> [Exercise directions]:
Return the entries below word for word; no images should appear in the copy.

> [Entries shown]:
· · · ·

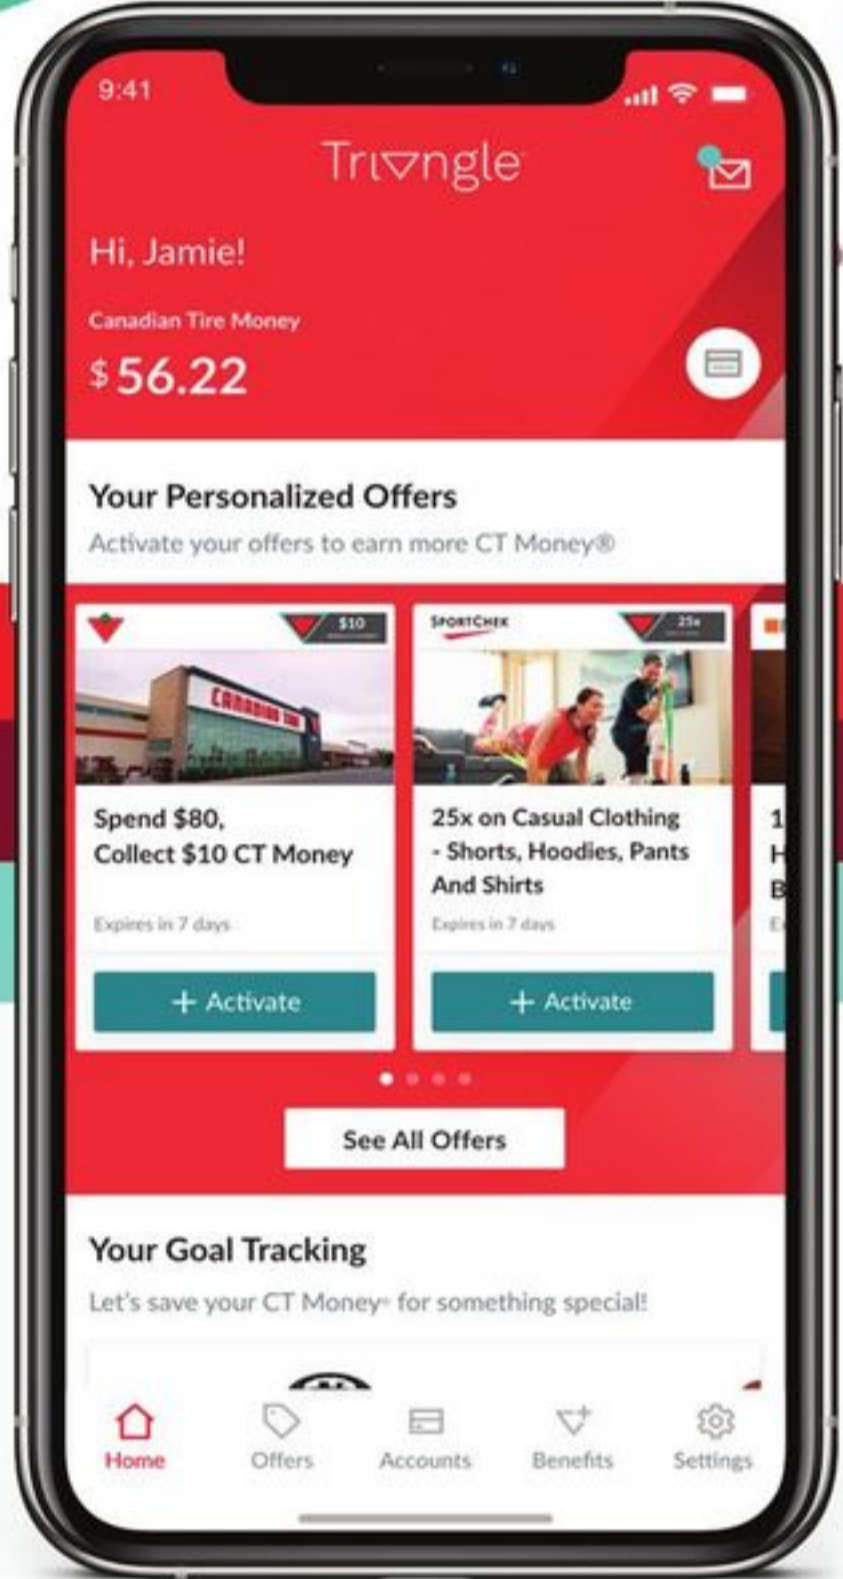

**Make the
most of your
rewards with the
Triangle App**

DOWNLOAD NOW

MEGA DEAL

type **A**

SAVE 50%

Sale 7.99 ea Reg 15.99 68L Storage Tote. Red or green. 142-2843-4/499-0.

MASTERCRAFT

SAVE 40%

· · · ·

> [Exercise solution]:
**Make the
most of your
rewards with the
Triangle App**

DOWNLOAD NOW

MEGA DEAL

type **A**

SAVE 50%

Sale 7.99 ea Reg 15.99 68L Storage Tote. Red or green. 142-2843-4/499-0.

MASTERCRAFT

SAVE 40%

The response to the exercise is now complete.